Each line of the listing that includes "Marítima" should be reported.

[INFORMATION GIVEN]

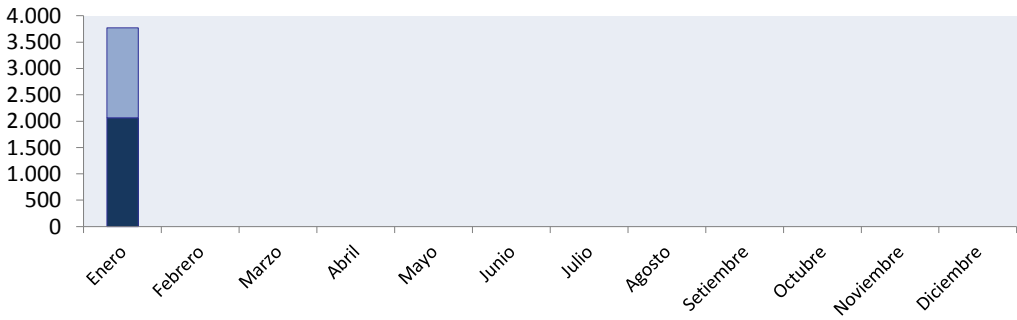

Terminal Fluvio Marítima - Movimiento de Pasajeros: AÑO 2021			
MES	PASAJEROS		TOTAL
	EMBARCADOS	DESEMBARCADOS	
Enero	2.065	1.705	<b>3.770</b>
Febrero			<b>0</b>
Marzo			<b>0</b>
Abril			<b>0</b>
Mayo			<b>0</b>
Junio			<b>0</b>
Julio			<b>0</b>
Agosto			<b>0</b>
Setiembre			<b>0</b>
Octubre			<b>0</b>
Noviembre			<b>0</b>
Diciembre			<b>0</b>
<b>TOTAL</b>	<b>2.065</b>	<b>1.705</b>	<b>3.770</b>

**MOVIMIENTO DE PASAJEROS  
AÑO 2021**

■ DESEMBARCADOS  
■ EMBARCADOS

Terminal Fluvio Marítima - Movimiento de Vehículos: AÑO 2021			
MES	VEHÍCULOS		TOTAL
	EMBARCADOS	DESEMBARCADOS	
Enero	358	354	712
Febrero			0
Marzo			0
Abril			0
Mayo			0
Junio			0
Julio			0
Agosto			0
Setiembre			0
Octubre			0
Noviembre			0
Diciembre			0
<b>TOTAL</b>	<b>358</b>	<b>354</b>	<b>712</b>

[/INFORMATION GIVEN]

*YOUR SOLUTION*
Terminal Fluvio Marítima - Movimiento de Pasajeros: AÑO 2021			
Terminal Fluvio Marítima - Movimiento de Vehículos: AÑO 2021			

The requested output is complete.